> [ASSIGNMENT] Tell me how many lines of the entries below include the string "acceso", and give only the number.

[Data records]

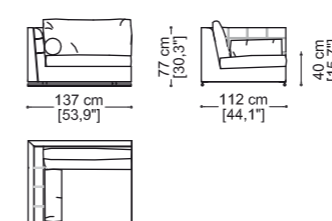

GET BACK

p. 46-53

Elemento terminale con 1 bracc. sx/dx cm 137
Terminal unit with 1 arm left/right 53,9"
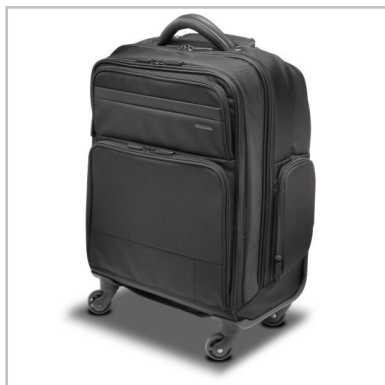

- El diseño ergonómico ofrece un panel con contorno que abraza el cuerpo y desplaza el peso para que esté más cerca del centro de gravedad*. *Cuando se lleva correctamente.
- Las ruedas multidireccionales hacen que la maleta con ruedas Contour™ 2.0 Pro Overnight para portátiles de 17" sea fácil de manejar.
- La cremallera resistente a las perforaciones y con cierre protege los elementos valiosos de los intrusos.
- El compartimento para portátiles con protección contra caídas añade una capa adicional de protección interna entre el compartimento del portátil y la base de las ruedas.
- El material duradero y resistente al agua hecho de poliéster balístico 1680D resistente y duradero mantiene el contenido protegido y seco.
- El compartimento flexible ofrece un espacio amplio para ropa, documentos y mucho más, y es lo suficientemente compacto para cumplir la mayoría de las normas de equipaje de mano*. *Las pautas para el equipaje varían según la línea aérea. Consulte con su aerolínea para obtener más detalles.
- El mango extensible de doble mástil es resistente cuando se necesita que lo sea, y no molesta cuando no se necesita.
- El asa de transporte acolchada añade otra opción cómoda de transporte.
- Los bolsillos de acceso rápido le ayudan a organizar los cargadores, bolígrafos, tarjetas empresariales y mucho más.
- El compartimento principal con cremallera ofrece fácil acceso para el contenido principal.

Información del producto

Peso bruto 3.33kg

Información del packing del producto

Profundo 215mm

Ancho 355mm

Alto 560mm

Peso bruto 3.33kg

UPC # 085896603849

Unidad de Cantidad 0

Información del master carton

Profundo 265mm

Ancho 595mm

Alto 410mm

Peso bruto 4.10kg

UPC # 50085896603844

Unidad de Cantidad 1

Envío de Información

Minimum Order Quantity 1

Período de Garantía 60

Información General

% Reciclado 0
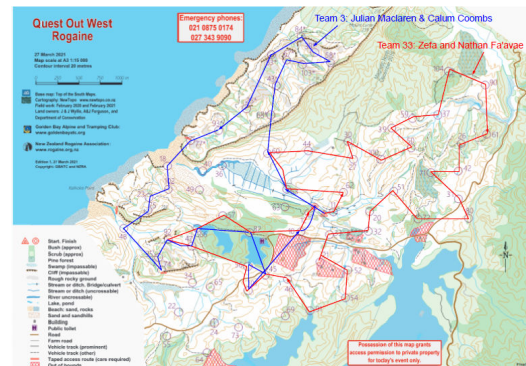

Quest out West Rogaine

Results.

Rank	Team	Score	2hr	Rank	Team	Score	2hr
1	33	2100		41	63	410	
2	3	1610		42	60	360	
3	31	1530		43	24	340	x
4	46	1450		44	39	300	x
5	10	1280		45	9	230	
6	32	1270		46	58	160	
7	47	1260		47	1	119	
8	6	1200		48	5	100	
9	57	1060		49	43	90	x
10	45	1020		?	56	No control card	
11	35	1010					
12	62	930					
13	55	920					
14	21	910					
15	34	850					
15	44	840					
17	52	840					
18	36	820					
18	37	710					
20	48	710					
21	13	680					
22	53	670					
23	2	660					
24	50	640					
25	8	620					
26	38	610	x				
27	40	600					
28	54	590					
29	28	580					
30	41	570					
31	11	540					
31	49	530					
31	51	530					
34	61	530					
35	14	500					
35	22	490					
37	59	490					
38	23	440					
39	30	430					
40	42	420	x				

1st and 2nd Team Routes

For photographs see:
"Quest Out West Photos".
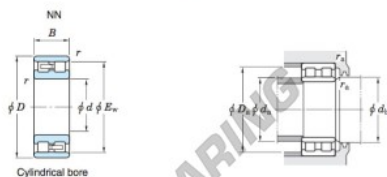

Rollager NN3030-JTEKT - NN3030-JTEKT

<https://www.123kogellager.nl/kogellager-behuizing/rollager/roll/nn3030-jtekt>

Double-row cylindrical roller bearings Koyo

Boundary dimensions (mm)				Basic load ratings (kN)			Limiting speeds (min ⁻¹)		Bearing No.	
<i>d</i>	<i>D</i>	<i>B</i>	<i>r</i> min.	<i>F_w</i>	<i>C</i>	<i>C₀</i>	Grease lub.	Oil lub.	Cylindrical bore	Tapered bore
150	225	56	2.1	—	208	334	587	2 500	3 000	NN3030

		Mounting dimensions (mm)						(Refer.) Mass (kg)	
Cylindrical bore	Tapered bore	<i>d_s</i>		<i>D_s</i>		<i>r_s</i>		Cylindrical bore	Tapered bore
		min.	max.	min.	max.	min.	max.		
		161	—	—	214	208	2	7.74	7.50

PRODUCTKENMERKEN

Merk	JTEKT
N° Ean13	4549250033377
Binnendiameter	150 mm
Buitendiameter	225 mm
Dikte	56 mm
Gewicht	7740 g
Verpakking	1

contact@123kogellager.nl

CRT4 de Lesquin 60 Rue Du Haut De Sainghin 59273 Fretin FRANCE
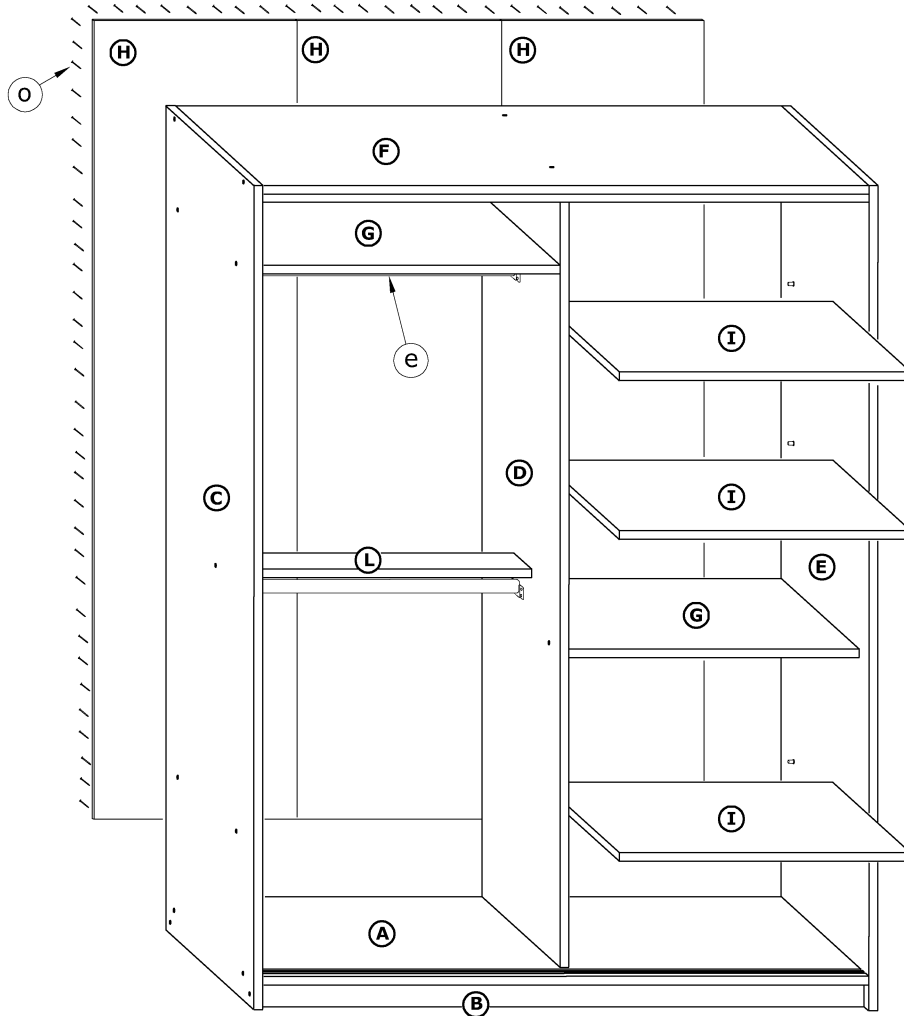

# RICO 160B

→ 160 ↑ 216 ↘ 65

x 24 	x 15 	x 2 	x 2 		
x 2 (774 mm) 	x 4 	x 6 	x 2 		x 12 
x 4 	x 4 	x 4 			
x 40 (3,5 x 13) 	x 8 (6,2 x 13) 	x 110 	x 1 		

① - FAZY MONTAŻU

Ⓐ - OZNACZENIE ELEMENTÓW

Ⓐ - OZNACZENIE AKCESORIÓW

①

②

3

4

5

6

7

> [TASK RESULT] 2